> _What you need to do_
The data must be reproduced verbatim; images are to be omitted.

> _Available data_
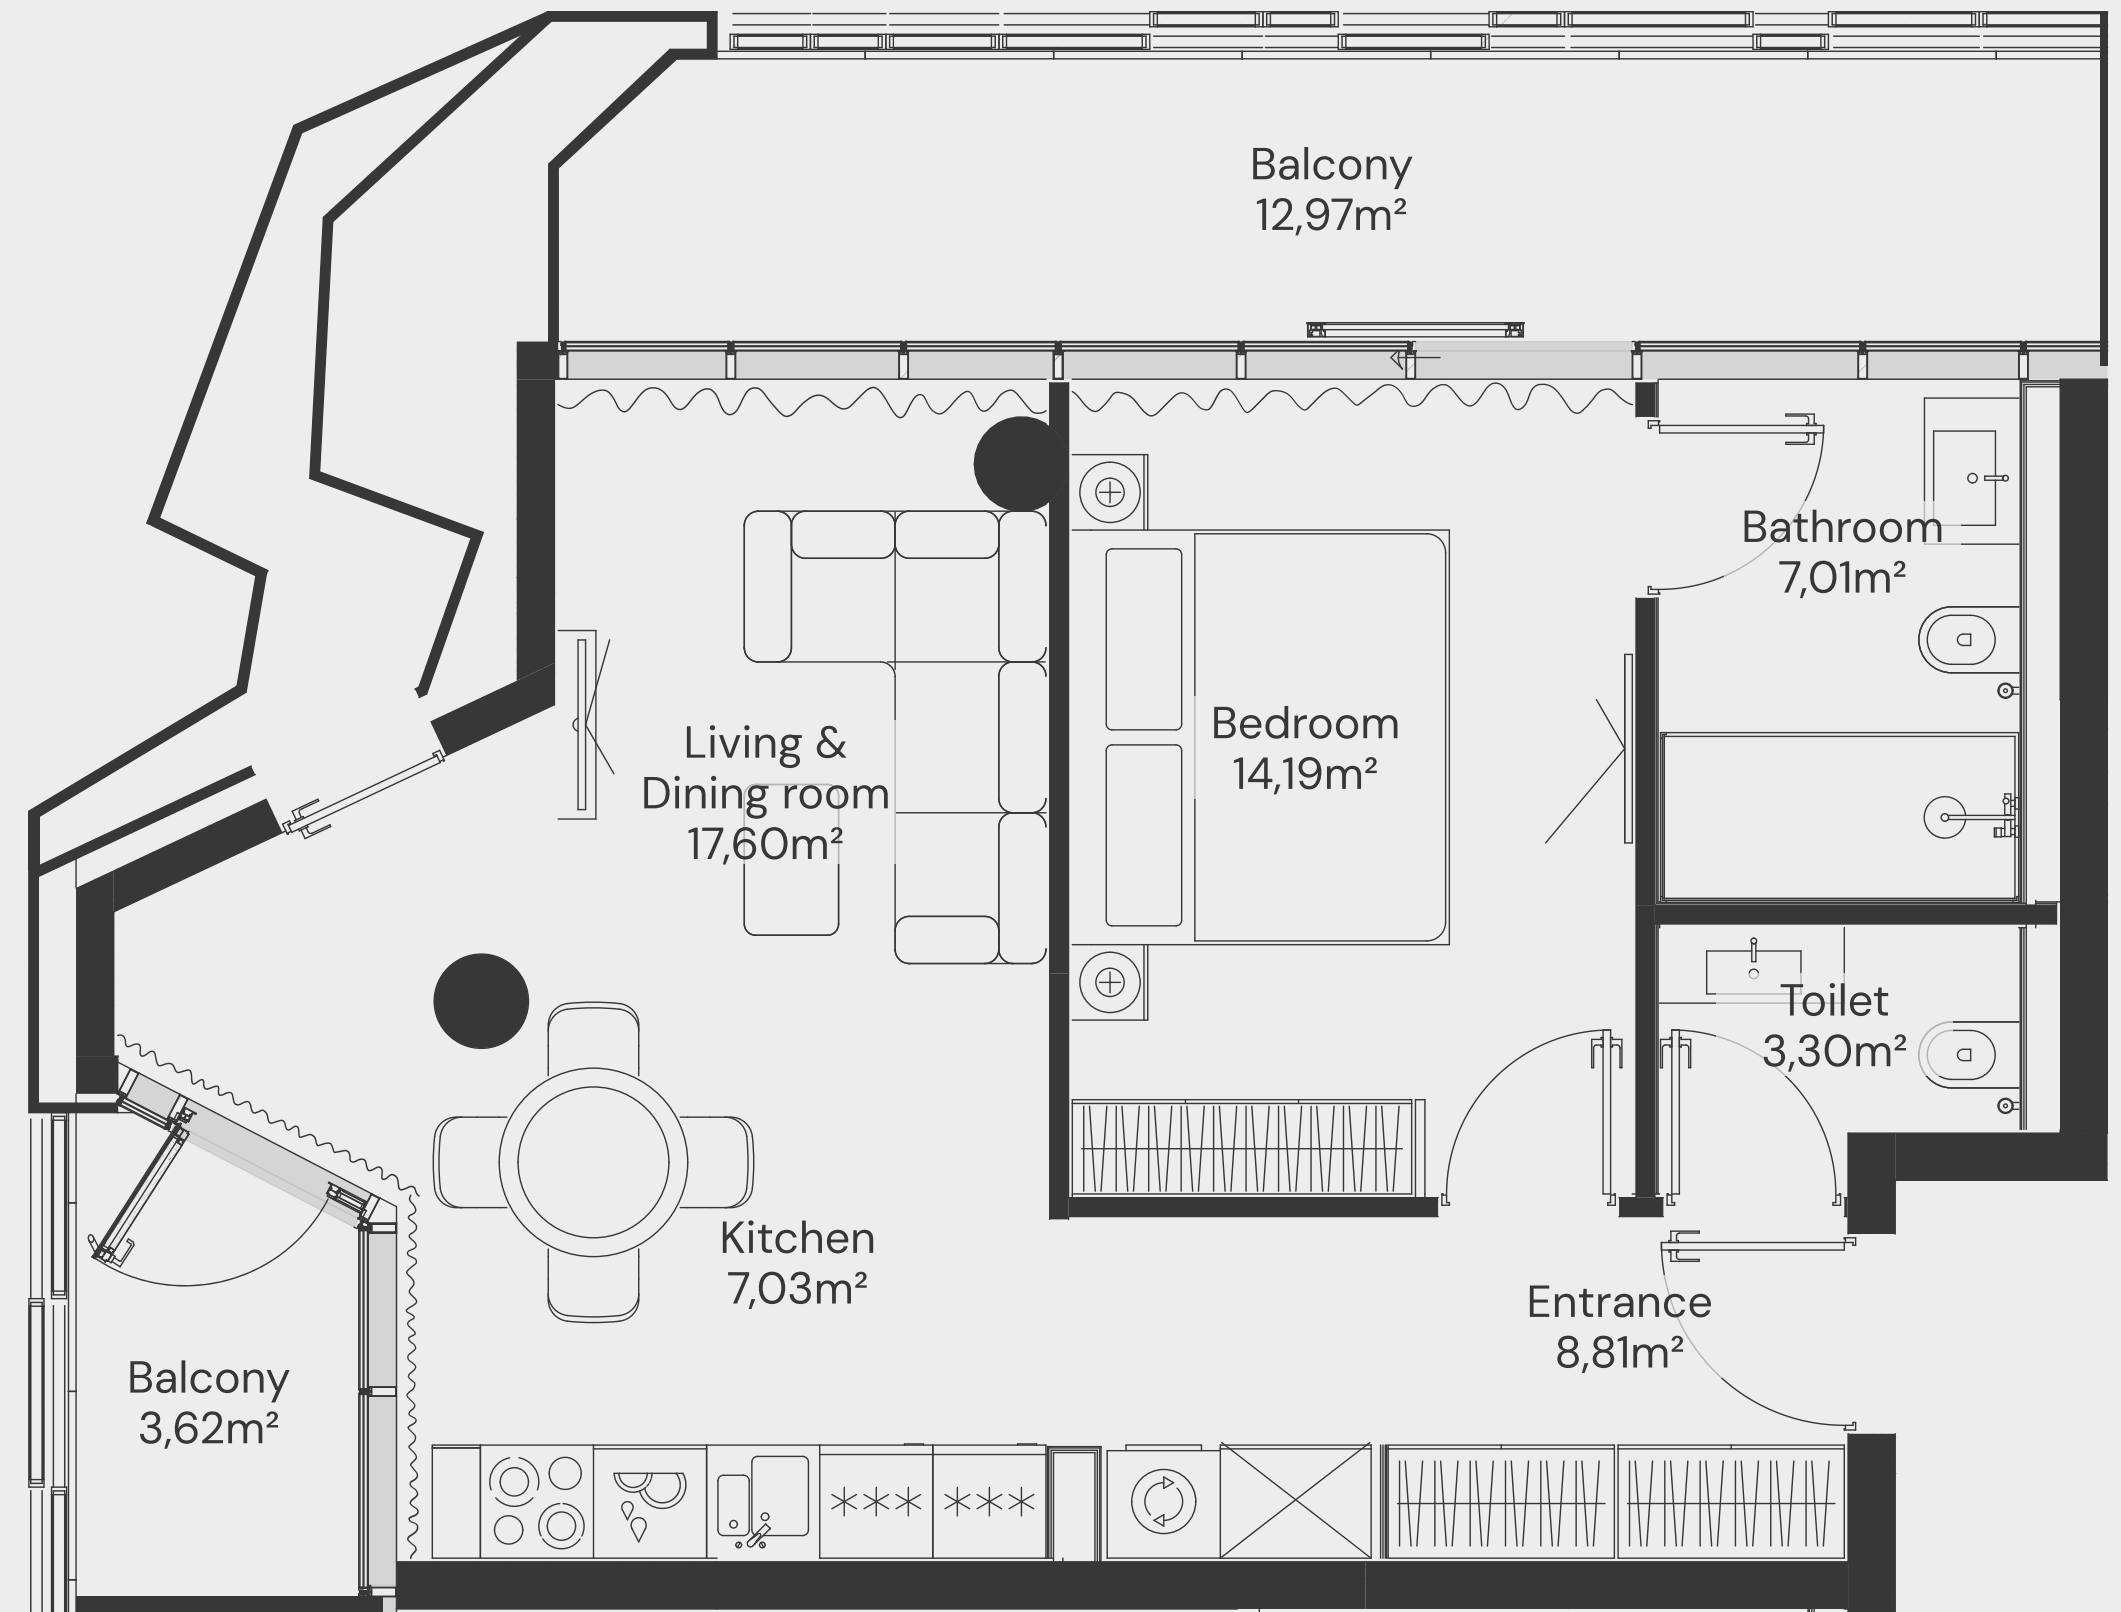

1 BEDROOM TYPE A.01

1 floor

Apartment Number	Apartment Area		Balcony Area		Total Area	
105	59,58 m ²	641,33 ft ²	19,67 m ²	211,70 ft ²	79,25 m ²	853,03 ft ²

1 BEDROOM TYPE A.02

2 floor

Apartment Number	Apartment Area		Balcony Area		Total Area	
205	57,94 m ²	623,63 ft ²	16,59 m ²	178,57 ft ²	74,53 m ²	802,20 ft ²

1 BEDROOM TYPE A.03

3 floor

Apartment Number	Apartment Area		Balcony Area		Total Area	
305	60,05 m ²	646,37 ft ²	16,19 m ²	174,32 ft ²	76,24 m ²	820,68 ft ²

1 BEDROOM TYPE A.04

4 floor

Apartment Number	Apartment Area		Balcony Area		Total Area	
	m ²	ft ²	m ²	ft ²	m ²	ft ²
405	65,05	700,21	13,35	143,74	78,41	843,95
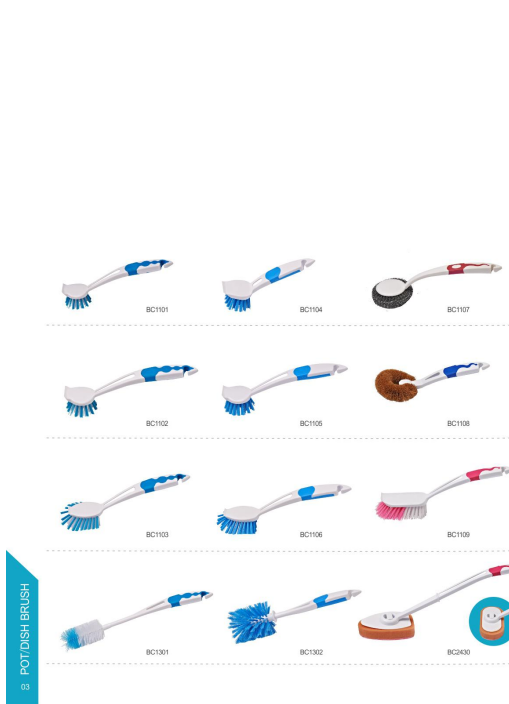

3 POT-DISH BRUSH

> _Task result_
1 BEDROOM TYPE A.01

1 floor

Apartment Number	Apartment Area		Balcony Area		Total Area	
105	59,58 m ²	641,33 ft ²	19,67 m ²	211,70 ft ²	79,25 m ²	853,03 ft ²

1 BEDROOM TYPE A.02

2 floor

Apartment Number	Apartment Area		Balcony Area		Total Area	
205	57,94 m ²	623,63 ft ²	16,59 m ²	178,57 ft ²	74,53 m ²	802,20 ft ²

1 BEDROOM TYPE A.03

3 floor

Apartment Number	Apartment Area		Balcony Area		Total Area	
305	60,05 m ²	646,37 ft ²	16,19 m ²	174,32 ft ²	76,24 m ²	820,68 ft ²

1 BEDROOM TYPE A.04

4 floor

Apartment Number	Apartment Area		Balcony Area		Total Area	
	m ²	ft ²	m ²	ft ²	m ²	ft ²
405	65,05	700,21	13,35	143,74	78,41	843,95

3 POT-DISH BRUSH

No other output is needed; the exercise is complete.